# WHAT TO WORK ON:
Give the records back exactly as written, but without the images.

# DATA EXCERPTS:
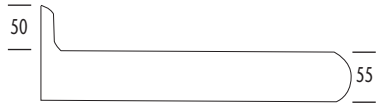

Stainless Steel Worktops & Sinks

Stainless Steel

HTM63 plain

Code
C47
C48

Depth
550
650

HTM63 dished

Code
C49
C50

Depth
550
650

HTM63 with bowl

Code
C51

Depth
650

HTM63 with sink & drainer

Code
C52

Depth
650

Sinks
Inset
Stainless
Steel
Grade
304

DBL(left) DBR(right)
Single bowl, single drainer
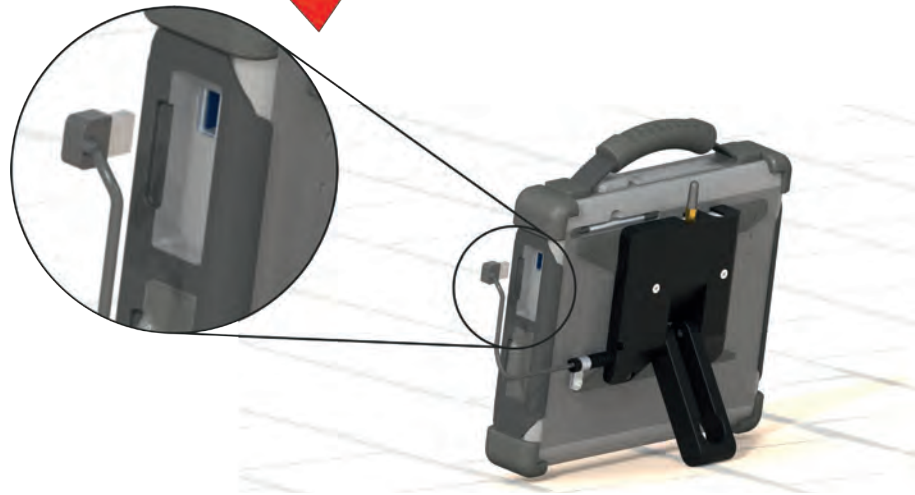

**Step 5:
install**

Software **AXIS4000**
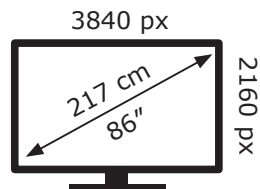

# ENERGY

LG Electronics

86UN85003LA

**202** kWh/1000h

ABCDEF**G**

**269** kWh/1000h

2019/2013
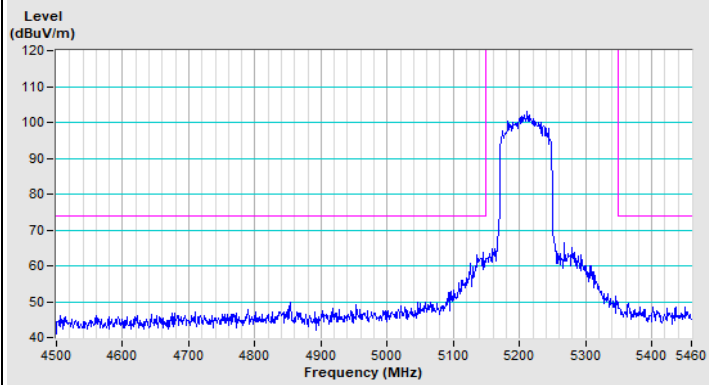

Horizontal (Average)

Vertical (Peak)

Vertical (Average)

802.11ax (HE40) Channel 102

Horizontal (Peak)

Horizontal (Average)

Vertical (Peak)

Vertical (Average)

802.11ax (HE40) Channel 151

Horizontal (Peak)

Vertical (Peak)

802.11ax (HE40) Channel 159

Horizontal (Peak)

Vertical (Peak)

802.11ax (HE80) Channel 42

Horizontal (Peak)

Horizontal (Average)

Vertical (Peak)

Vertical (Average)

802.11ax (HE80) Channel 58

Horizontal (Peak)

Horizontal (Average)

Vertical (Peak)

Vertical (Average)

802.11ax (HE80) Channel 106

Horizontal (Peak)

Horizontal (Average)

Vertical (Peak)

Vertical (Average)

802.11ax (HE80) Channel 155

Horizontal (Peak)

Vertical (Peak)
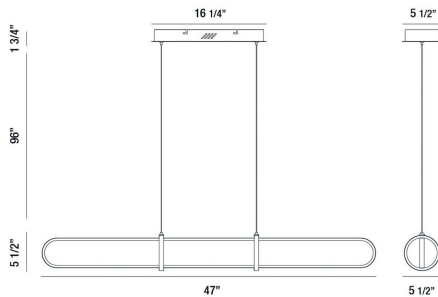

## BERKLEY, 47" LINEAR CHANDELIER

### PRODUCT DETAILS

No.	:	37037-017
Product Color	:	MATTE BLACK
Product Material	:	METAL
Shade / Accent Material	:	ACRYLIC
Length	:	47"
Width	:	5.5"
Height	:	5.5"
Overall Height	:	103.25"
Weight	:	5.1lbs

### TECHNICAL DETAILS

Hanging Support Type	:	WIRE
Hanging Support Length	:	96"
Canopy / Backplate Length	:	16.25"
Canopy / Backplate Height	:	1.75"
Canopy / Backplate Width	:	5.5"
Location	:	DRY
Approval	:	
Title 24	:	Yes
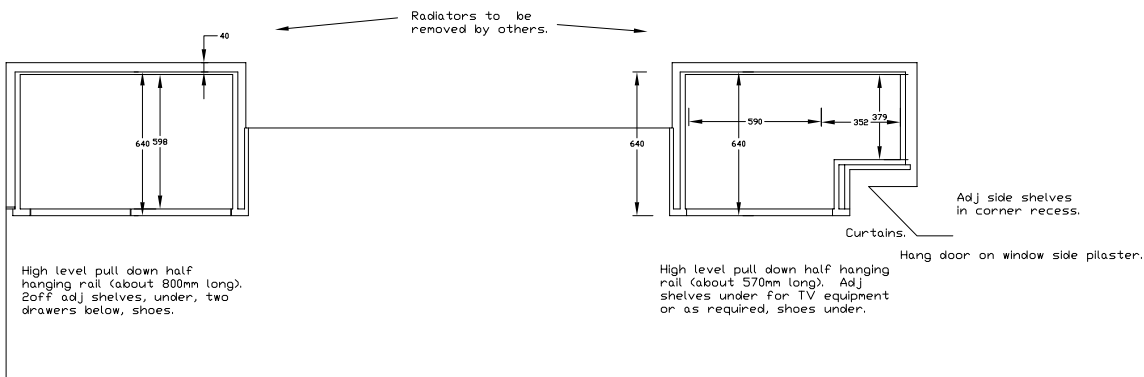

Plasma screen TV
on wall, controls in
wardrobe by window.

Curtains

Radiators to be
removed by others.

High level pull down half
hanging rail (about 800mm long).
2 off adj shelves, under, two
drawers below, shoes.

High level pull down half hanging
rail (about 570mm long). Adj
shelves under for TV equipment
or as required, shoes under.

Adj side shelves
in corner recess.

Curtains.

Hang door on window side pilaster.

# EXERCISE OUTPUT:
Stainless Steel Worktops & Sinks

Stainless Steel

HTM63 plain

Code
C47
C48

Depth
550
650

HTM63 dished

Code
C49
C50

Depth
550
650

HTM63 with bowl

Code
C51

Depth
650

HTM63 with sink & drainer

Code
C52

Depth
650

Sinks
Inset
Stainless
Steel
Grade
304

DBL(left) DBR(right)
Single bowl, single drainer

**Step 5:
install**

Software **AXIS4000**

# ENERGY

LG Electronics

86UN85003LA

**202** kWh/1000h

ABCDEF**G**

**269** kWh/1000h

2019/2013

Horizontal (Average)

Vertical (Peak)

Vertical (Average)

802.11ax (HE40) Channel 102

Horizontal (Peak)

Horizontal (Average)

Vertical (Peak)

Vertical (Average)

802.11ax (HE40) Channel 151

Horizontal (Peak)

Vertical (Peak)

802.11ax (HE40) Channel 159

Horizontal (Peak)

Vertical (Peak)

802.11ax (HE80) Channel 42

Horizontal (Peak)

Horizontal (Average)

Vertical (Peak)

Vertical (Average)

802.11ax (HE80) Channel 58

Horizontal (Peak)

Horizontal (Average)

Vertical (Peak)

Vertical (Average)

802.11ax (HE80) Channel 106

Horizontal (Peak)

Horizontal (Average)

Vertical (Peak)

Vertical (Average)

802.11ax (HE80) Channel 155

Horizontal (Peak)

Vertical (Peak)

## BERKLEY, 47" LINEAR CHANDELIER

### PRODUCT DETAILS

No.	:	37037-017
Product Color	:	MATTE BLACK
Product Material	:	METAL
Shade / Accent Material	:	ACRYLIC
Length	:	47"
Width	:	5.5"
Height	:	5.5"
Overall Height	:	103.25"
Weight	:	5.1lbs

### TECHNICAL DETAILS

Hanging Support Type	:	WIRE
Hanging Support Length	:	96"
Canopy / Backplate Length	:	16.25"
Canopy / Backplate Height	:	1.75"
Canopy / Backplate Width	:	5.5"
Location	:	DRY
Approval	:	
Title 24	:	Yes

Plasma screen TV
on wall, controls in
wardrobe by window.

Curtains

Radiators to be
removed by others.

High level pull down half
hanging rail (about 800mm long).
2 off adj shelves, under, two
drawers below, shoes.

High level pull down half hanging
rail (about 570mm long). Adj
shelves under for TV equipment
or as required, shoes under.

Adj side shelves
in corner recess.

Curtains.

Hang door on window side pilaster.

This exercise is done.